Флорентино Ариса переносил тяготы путешествия с холодно-каменным терпением, которое всегда приводило в отчаяние его мать и раздражало друзей. Он не общался ни с кем. Ему не в тягость было сидеть целыми днями на палубе у перил, глядя, как на огромных песчаных отмелях грелись на солнце недвижные кайманы с разверстой пастью, время от времени заглатывая бабочку, как стаи вспугнутых цапель вдруг поднимались в воздух над топкими берегами и как морские коровы кормили детенышей огромными материнскими сосцами и пугали пассажиров женскими воплями. Как-то за один только день мимо проплыли три трупа, позеленевшие и раздувшиеся, и ауры восседали на них. Сперва проплыли трупы двух мужчин, один без головы, а потом — труп совсем маленькой девочки, волосы ее, точно медуза, колыхались в пенистом шлейфе за кормой. Он так и не узнал — а как узнаешь, — были то жертвы чумы или войны, но тошнотворный запах отравил ему даже воспоминания о Фермине Дасе.
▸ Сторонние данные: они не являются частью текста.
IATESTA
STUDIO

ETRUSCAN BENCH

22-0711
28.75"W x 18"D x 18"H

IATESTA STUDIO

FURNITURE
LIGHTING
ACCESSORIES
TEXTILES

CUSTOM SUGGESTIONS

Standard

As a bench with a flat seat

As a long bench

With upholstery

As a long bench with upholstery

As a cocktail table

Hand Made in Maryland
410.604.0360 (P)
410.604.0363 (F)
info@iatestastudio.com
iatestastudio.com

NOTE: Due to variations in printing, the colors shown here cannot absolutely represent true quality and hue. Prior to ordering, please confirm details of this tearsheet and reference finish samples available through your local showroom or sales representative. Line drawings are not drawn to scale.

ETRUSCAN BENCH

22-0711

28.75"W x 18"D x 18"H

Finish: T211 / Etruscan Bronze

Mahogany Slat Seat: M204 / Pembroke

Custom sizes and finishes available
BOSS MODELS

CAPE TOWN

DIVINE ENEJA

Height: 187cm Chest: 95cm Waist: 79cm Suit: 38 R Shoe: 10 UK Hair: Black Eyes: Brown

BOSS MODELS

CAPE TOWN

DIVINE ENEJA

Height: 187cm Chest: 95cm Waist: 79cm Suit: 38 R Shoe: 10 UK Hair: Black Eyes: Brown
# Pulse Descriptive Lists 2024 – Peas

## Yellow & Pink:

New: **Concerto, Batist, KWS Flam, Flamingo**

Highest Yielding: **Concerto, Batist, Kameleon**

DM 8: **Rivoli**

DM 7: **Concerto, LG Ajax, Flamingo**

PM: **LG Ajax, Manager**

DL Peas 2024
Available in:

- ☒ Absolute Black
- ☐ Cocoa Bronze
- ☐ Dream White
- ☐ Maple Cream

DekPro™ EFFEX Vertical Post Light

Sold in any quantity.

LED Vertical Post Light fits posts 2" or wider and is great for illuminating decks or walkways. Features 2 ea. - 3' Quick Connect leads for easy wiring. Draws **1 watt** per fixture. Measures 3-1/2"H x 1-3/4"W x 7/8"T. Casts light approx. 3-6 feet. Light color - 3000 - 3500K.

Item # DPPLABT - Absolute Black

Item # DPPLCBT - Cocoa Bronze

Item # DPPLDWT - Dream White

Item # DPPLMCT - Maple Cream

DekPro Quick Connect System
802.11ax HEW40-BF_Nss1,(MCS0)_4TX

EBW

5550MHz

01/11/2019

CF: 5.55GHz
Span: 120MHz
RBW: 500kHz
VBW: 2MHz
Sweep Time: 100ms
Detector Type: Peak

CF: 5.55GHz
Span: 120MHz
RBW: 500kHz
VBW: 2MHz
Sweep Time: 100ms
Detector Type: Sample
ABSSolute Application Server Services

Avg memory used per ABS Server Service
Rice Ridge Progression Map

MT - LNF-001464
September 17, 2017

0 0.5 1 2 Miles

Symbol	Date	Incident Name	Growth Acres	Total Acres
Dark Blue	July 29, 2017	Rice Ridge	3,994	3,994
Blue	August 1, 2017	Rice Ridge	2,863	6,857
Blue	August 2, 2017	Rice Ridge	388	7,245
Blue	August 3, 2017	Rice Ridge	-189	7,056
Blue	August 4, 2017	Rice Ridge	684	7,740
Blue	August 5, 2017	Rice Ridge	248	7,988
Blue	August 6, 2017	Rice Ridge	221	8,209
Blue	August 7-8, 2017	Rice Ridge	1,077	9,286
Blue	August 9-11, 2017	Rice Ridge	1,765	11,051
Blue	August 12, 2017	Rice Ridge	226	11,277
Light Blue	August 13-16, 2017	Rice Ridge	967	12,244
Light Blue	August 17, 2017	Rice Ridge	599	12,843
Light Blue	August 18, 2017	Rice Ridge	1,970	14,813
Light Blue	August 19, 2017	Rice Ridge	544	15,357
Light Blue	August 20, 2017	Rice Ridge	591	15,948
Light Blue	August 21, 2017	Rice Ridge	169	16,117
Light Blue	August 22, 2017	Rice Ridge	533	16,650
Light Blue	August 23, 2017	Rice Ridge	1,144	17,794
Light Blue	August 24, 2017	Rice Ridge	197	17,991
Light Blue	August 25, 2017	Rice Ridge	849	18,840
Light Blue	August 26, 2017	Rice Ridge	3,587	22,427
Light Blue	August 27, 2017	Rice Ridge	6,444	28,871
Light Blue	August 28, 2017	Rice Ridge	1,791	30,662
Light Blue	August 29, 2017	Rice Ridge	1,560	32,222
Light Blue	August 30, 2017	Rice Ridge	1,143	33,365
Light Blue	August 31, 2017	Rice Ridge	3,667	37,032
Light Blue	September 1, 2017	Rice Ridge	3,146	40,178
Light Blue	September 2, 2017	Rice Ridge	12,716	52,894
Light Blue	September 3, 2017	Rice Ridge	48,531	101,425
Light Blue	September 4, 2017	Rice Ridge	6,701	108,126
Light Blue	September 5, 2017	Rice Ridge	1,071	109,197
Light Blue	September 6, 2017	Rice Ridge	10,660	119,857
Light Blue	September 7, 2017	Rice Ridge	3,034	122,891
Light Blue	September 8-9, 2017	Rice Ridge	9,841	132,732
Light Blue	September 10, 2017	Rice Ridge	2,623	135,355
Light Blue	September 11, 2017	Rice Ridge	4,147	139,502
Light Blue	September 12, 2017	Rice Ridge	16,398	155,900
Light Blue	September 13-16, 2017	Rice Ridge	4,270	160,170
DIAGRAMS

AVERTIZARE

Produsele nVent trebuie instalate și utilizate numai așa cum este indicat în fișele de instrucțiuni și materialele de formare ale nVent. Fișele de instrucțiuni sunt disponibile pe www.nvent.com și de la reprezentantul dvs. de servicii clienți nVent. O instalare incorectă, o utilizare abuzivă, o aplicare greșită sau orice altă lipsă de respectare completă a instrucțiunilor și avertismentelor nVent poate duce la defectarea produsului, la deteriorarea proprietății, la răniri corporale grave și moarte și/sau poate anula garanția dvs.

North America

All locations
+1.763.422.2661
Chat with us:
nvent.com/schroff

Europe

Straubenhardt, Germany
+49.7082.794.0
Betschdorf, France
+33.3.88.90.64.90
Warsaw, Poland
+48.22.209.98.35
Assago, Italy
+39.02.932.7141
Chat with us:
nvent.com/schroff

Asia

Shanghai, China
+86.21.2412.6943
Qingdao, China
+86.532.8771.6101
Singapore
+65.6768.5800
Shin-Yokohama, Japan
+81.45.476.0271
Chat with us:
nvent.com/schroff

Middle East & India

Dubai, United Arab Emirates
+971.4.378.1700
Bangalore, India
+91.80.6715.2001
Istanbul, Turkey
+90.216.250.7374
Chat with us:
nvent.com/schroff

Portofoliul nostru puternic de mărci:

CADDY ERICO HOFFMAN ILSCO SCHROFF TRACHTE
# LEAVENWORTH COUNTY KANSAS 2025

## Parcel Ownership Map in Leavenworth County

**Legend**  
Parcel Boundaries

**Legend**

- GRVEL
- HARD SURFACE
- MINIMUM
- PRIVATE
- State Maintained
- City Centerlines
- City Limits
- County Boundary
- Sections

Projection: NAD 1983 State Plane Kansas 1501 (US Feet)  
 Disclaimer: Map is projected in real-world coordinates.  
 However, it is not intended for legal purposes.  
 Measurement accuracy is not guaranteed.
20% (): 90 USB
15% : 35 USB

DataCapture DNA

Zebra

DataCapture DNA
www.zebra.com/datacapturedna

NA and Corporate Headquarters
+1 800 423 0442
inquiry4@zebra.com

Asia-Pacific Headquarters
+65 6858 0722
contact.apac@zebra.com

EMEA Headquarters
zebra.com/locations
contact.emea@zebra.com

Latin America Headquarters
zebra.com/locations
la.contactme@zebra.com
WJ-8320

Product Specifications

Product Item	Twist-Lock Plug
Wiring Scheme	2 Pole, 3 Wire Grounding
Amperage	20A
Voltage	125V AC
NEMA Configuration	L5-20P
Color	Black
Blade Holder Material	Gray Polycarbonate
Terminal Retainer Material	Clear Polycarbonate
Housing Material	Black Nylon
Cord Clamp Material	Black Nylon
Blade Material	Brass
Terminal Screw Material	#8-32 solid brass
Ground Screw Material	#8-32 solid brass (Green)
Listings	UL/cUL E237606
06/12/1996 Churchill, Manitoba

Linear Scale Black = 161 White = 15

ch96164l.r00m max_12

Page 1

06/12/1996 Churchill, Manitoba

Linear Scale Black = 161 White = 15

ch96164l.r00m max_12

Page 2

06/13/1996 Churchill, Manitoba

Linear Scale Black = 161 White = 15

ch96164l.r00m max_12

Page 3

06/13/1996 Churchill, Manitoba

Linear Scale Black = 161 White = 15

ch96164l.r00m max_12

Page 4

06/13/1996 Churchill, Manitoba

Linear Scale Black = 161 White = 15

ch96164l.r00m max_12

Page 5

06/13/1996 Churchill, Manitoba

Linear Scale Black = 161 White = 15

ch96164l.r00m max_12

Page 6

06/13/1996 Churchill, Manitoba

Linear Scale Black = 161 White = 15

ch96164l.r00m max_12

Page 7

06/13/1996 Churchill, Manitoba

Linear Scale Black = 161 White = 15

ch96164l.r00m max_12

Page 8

Так было всегда: что бы ни случилось, доброе или дурное, всякое событие у него так или иначе связывалось с нею. Ночью, когда пароход швартовался и большинство пассажиров, не находя покоя, шатались по палубам, в столовой при свете карбидной лампы, единственной лампы, горевшей до рассвета, он проглядывал иллюстрированные книжонки, которые помнил почти наизусть, и заключенные в них драмы, читаные-перечитаные, магическим образом наполнялись живой жизнью, стоило ему на месте воображаемых персонажей представить реальных людей, встреченных в жизни; им же с Ферминой Дасой непременно выпадала несбывшаяся любовь. Бывало, ночь напролет он писал ей письма, полные тревоги, а потом рвал их в клочья и рассеивал по речной воде, без устали убегавшей назад — к ней. Так протекали самые тяжкие часы его жизни, и он то оборачивался робким принцем, паладином любви, то возвращался в свою опаленную шкуру брошенного возлюбленного, пока не начинал дуть первый предрассветный ветер, и тогда он пристраивался подремать у палубных перил.